EXERCISE DIRECTIONS:
Work out how many lines in the data hold the string "Bronze". Reply with only that number.

DATA SHOWN:
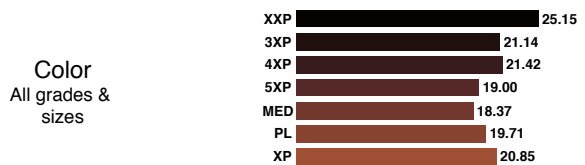

AUCTION REPORT

MAY 2018

Price breakdown US$

PEARL MINK FEMALE	Size	Grades	NAPS					
			1X XSN	1 SN	2 SMN	3 MN	4 LN	
Offered Sales % Top	9,728 57% 32.00	00	Gold	-	30.81	-	-	-
			Silver	29.00	27.00	23.81	-	-
			Bronze	-	23.00	22.00	-	-
			Nap Average	29.00	26.36	23.52	-	-
			VSA	-	26.75	22.36	-	-
			VSB	-	-	-	-	-
Offered Sales % Top	28,251 63% 28.00	0	Gold	27.51	26.76	24.10	-	-
			Silver	25.00	23.55	21.00	-	-
			Bronze	-	21.57	20.00	-	18.00
			Nap Average	26.20	25.92	22.86	-	18.00
			VSA	24.00	23.00	21.00	19.00	-
			VSB	-	-	-	-	-
Offered Sales % Top	39,661 73% 27.00	1	Gold	21.76	21.97	23.66	21.00	-
			Silver	20.44	20.00	18.46	17.45	-
			Bronze	-	18.00	17.68	-	16.00
			Nap Average	21.43	21.73	21.16	18.49	16.00
			VSA	20.00	19.96	-	18.00	-
			VSB	-	-	-	-	-
Offered Sales % Top	26,681 48% 23.00	2	Gold	-	19.07	18.04	17.00	-
			Silver	17.00	16.87	16.00	-	15.00
			Bronze	-	-	15.00	-	13.00
			Nap Average	17.00	18.65	16.79	17.00	13.89
			VSA	-	16.44	15.91	-	-
			VSB	-	-	-	-	-
Offered Sales % Top	13,969 39% 15.00	3	Gold	-	-	14.00	-	-
			Silver	-	15.00	13.37	-	12.50
			Bronze	-	-	11.50	-	11.13
			Nap Average	-	15.00	13.15	-	11.26
			VSA	-	14.00	14.00	-	-
			VSB	-	-	-	-	-
Offered Sales % Top	118,290 62% 32.00	All Sizes	Offered	8,032	52,124	31,039	16,998	10,097
			Sales %	61%	79%	57%	14%	43%
			Nap Average	22.20	22.02	20.10	18.37	13.89

YOUR RESPONSE:
5